SFTPPlus Documentation

Start Page 8. User’s Guides 8.13. Managing logs in high volume installations
server-side client-side configuration

8.13. Managing logs in high volume installations

8.13.1. Introduction

There are 3 main phases when dealing with application logs:

  • Log generation
  • Log centralization
  • Log analysis

The focus for SFTPPlus is to provide a robust file transfer solution which can be easily integrated with any external dedicated log management tool.

In the case in which you did not find it straightforward to integrate SFTPPlus with your preferred log management tool, please get in touch and we will work towards providing a better experience.

8.13.2. Log generation

In SFTPPlus, the logs are generated using the event handlers. An event handler will receive the events generated by SFTPPlus and transform it into a format usable for the logging system.

This simple transformation is to generate an entry into a plain text log file.

SFTPPlus can store the logs as comma-separated values (CSV), making it easy to parse the input and transform it according to your needs.

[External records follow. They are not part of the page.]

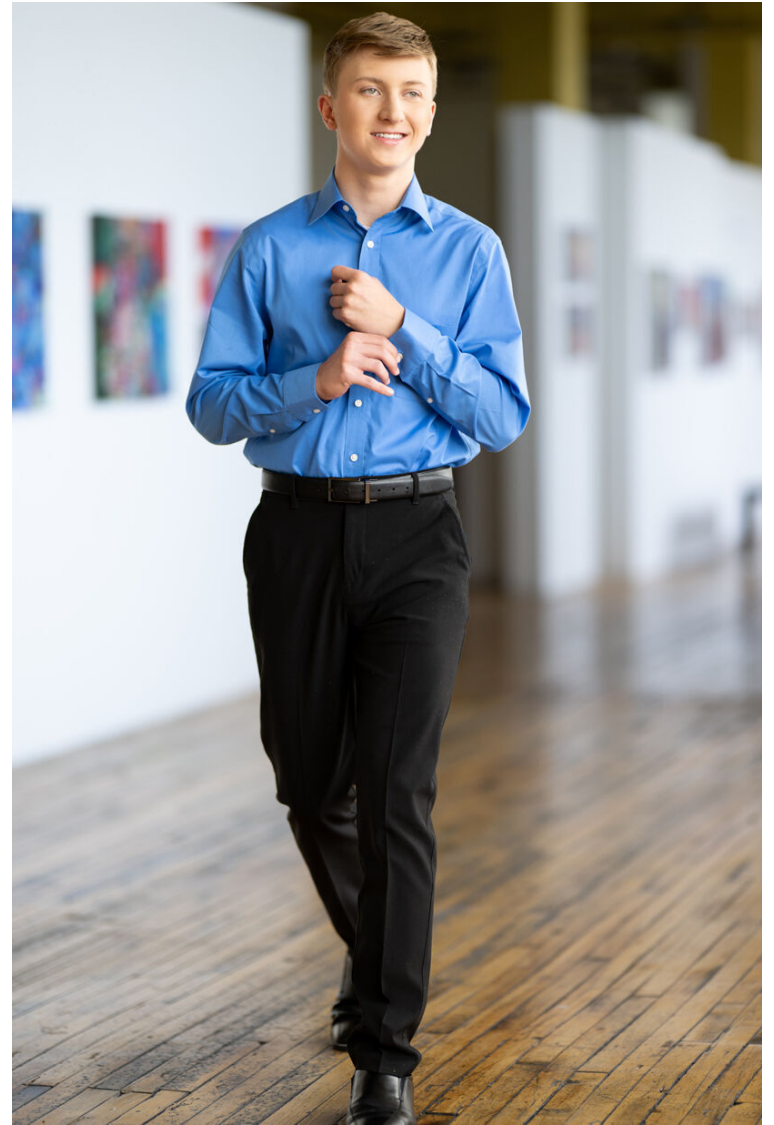

ZACH SCHIMPF

HEIGHT 5'8"
SUIT 36
WAIST 30"
INSEAM 30"
SHIRT 15x32
SHOE 10
HAIR Blonde
EYES Hazel

PMTM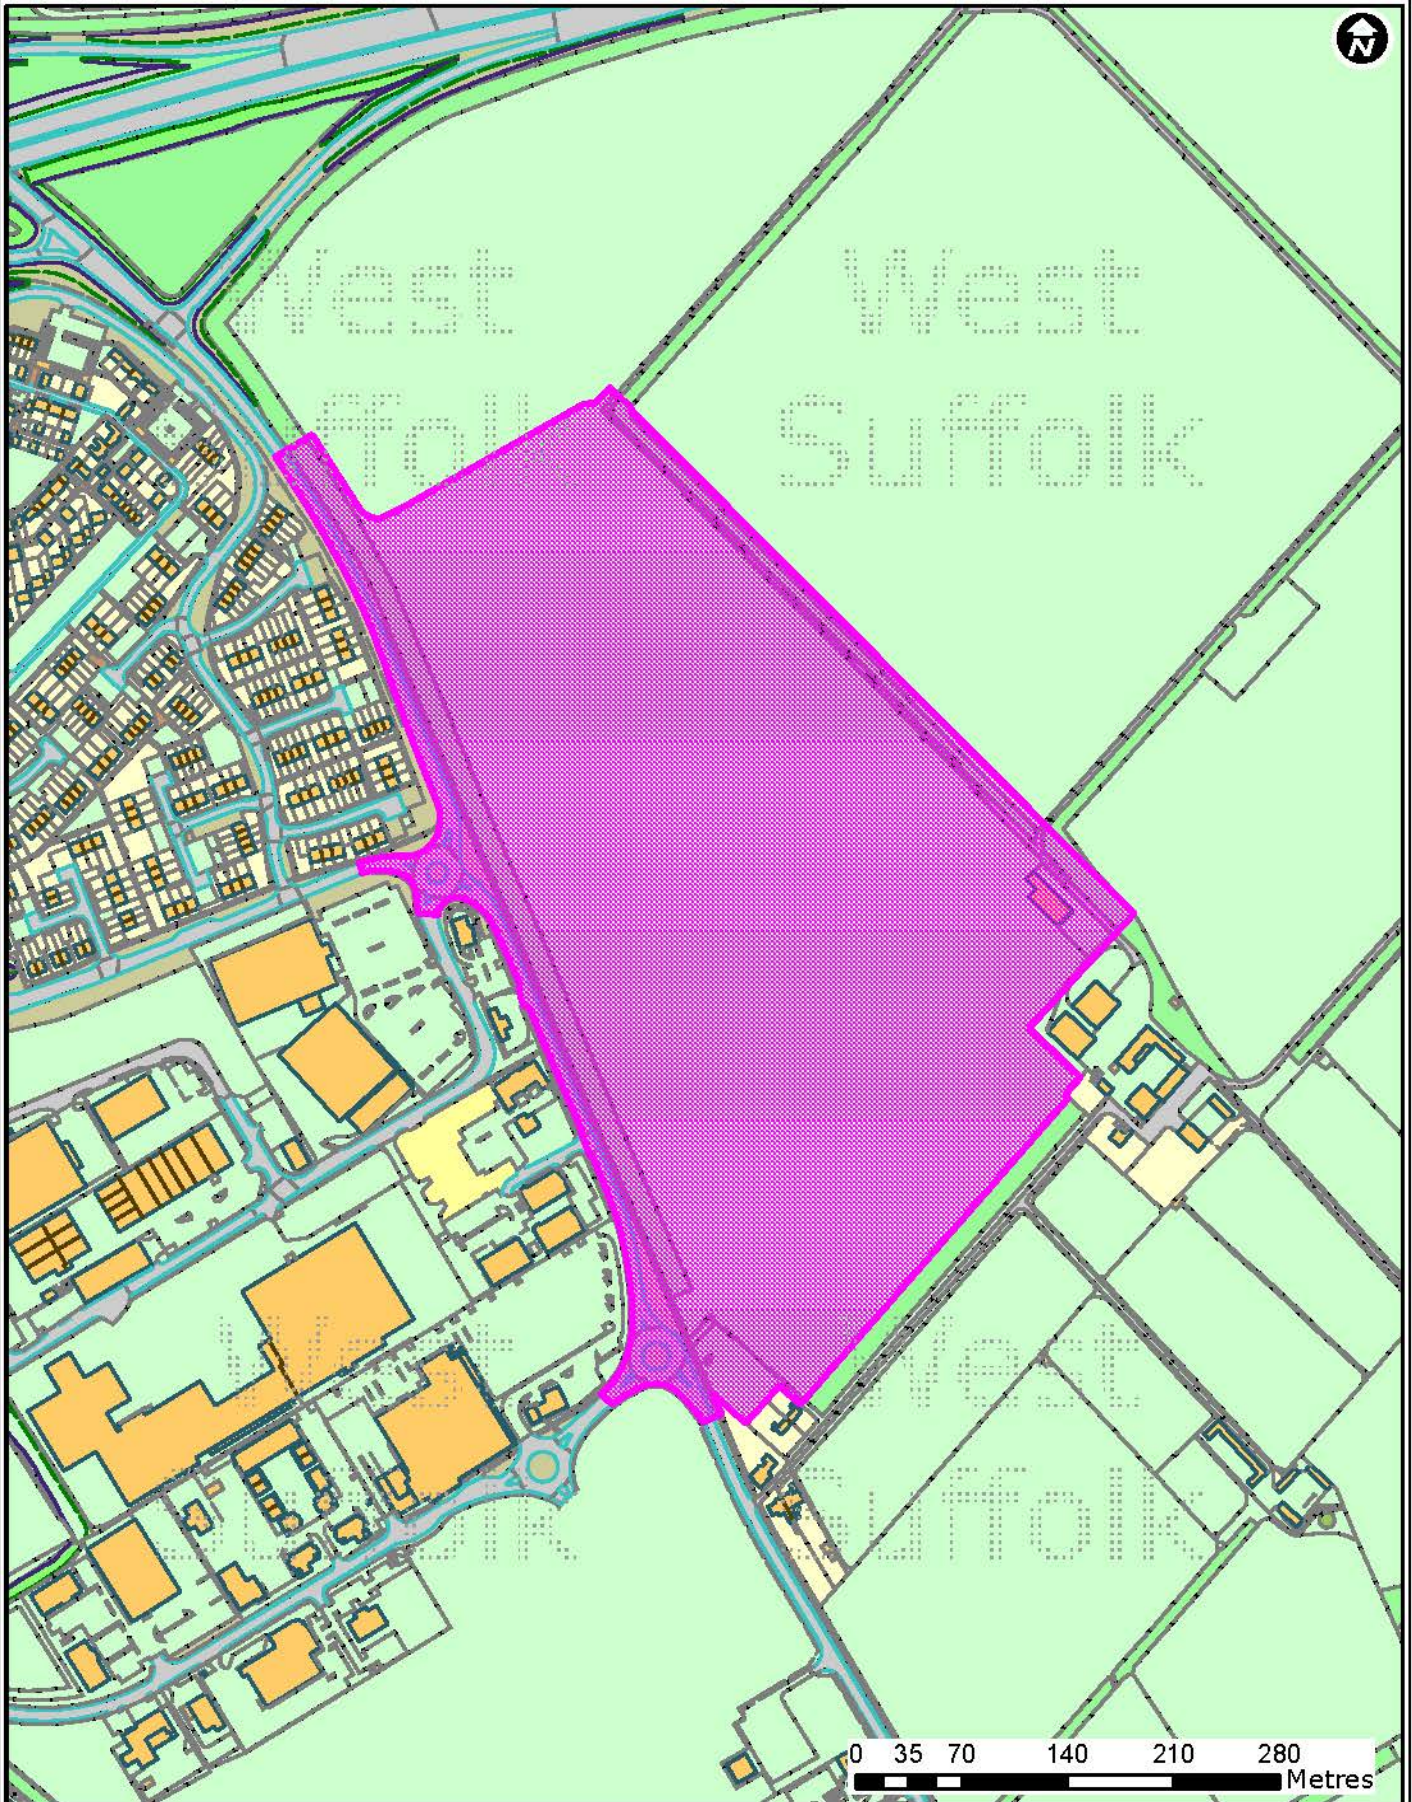

DC/13/0408/OUT

Hatchfield Farm, Fordham Road, Newmarket

Forest Heath • St Edmundsbury

West Suffolk
working together

© Crown Copyright and database rights 2015 Ordnance Survey 100019675/100023282. You are not permitted to copy, sub-license, distribute or sell any of this data to third parties in any form. Use of this data is subject to terms and conditions. See www.westsuffolk.gov.uk/disclaimer.cfm.

Scale: 1:5,000
Date: 19/01/2015

SFTPPlus can also generate the events directly as syslog entries or as HTTP requests. In this case, these logs are stored on the local SFTPPlus instance. While this can help reduce the disk usage on the SFTPPlus instance, this approach is susceptible to data loss, in the case in which the network connection is broken between STPPlus and the remote server. This approach is not recommended for high volume installations.

8.13.3. Log rotation

With a default configuration SFTPPlus will rotate the log file at the end of each day. That is, it will rename the previous log file and start with an empty file.

In SFTPPlus there are 2 main types of rotations:

  • size based rotation
  • time based rotation

The size based rotation will rotate the file as soon as the log file reaches a certain size. The files on disk will look like:

path/to/server.log
path/to/server.log.1
path/to/server.log.2
path/to/server.log.3
path/to/server.log.4
path/to/server.log.5

where path/to/server.log is the main log file and the others are rotated files containing older logs.

The time based rotation will rotate the file at a specific time or regular time intervals, regardless of the size of the log file. The time based rotated files will look on disk like the example below. The actual time stamp used for the rotated files differs based on the rotation rule:

path/to/server.log
path/to/server.2018-07-30_15-17-10.log
path/to/server.2018-07-30_15-17-43.log
path/to/server.2018-07-30_15-18-16.log
path/to/server.2018-07-30_15-19-01.log
path/to/server.2018-07-30_15-21-00.log

where path/to/server.log is the main log file and the others are rotated files containing older logs.

When rotating logs, you have the option to automatically delete older rotated files and keep rotated log files up to a certain number.

8.13.4. Log centralization

You can achieve log centralization in SFTPPlus by the use of databases. SFTPPlus can store the log entries in a database. Multiple SFTPPlus instances can use the same database to become a central place for log storage.

The embedded SFTPPlus database is not suitable for high volume installations. We recommend using specialized tools for log centralization.

The standard way to achieve log centralization is by using the syslog protocol. By configuring a syslog event handler, SFTPPlus can send the logs to a remote syslog server.

The syslog protocol may not be enough and for new installations, we recommend using modern log management tools like Fluentd, Splunk, Datadog, Sumologic, or Loggly (just to name a few in no particular order).

For efficient and fault tolerant operations, we recommend storing the SFTPPlus logs as a rotated local file and use the agent provided by your logging management tool to forward the logs to a centralized server.

In this way, even if the network between the SFTPPlus instance and the centralized server is down for a brief period of time, the logs are buffered inside the local file and can be forwarded once the connection is established. Having pending logs buffered in a local file provides improved performance while at the same time mitigate data losses associated to power failures, as only queues stored in memory will be lost.

SFTPPlus provides advanced functionality for rotating log files and can automatically delete older rotated files.

The default installation will rotate log files at the end of each time. For better control over disk space used by log files, you should choose to rotate files based on size.

8.13.5. Log analysis

For log analysis, SFTPPlus only provides a basic tool to search and filter the logs, which is not suitable for high volume installations.

The log analysis component is implemented in SFTPPlus as the “Past Activity” page from the Local Manager web console.

We recommend using the analysis and filtering functionalities provided by the dedicated logging tools.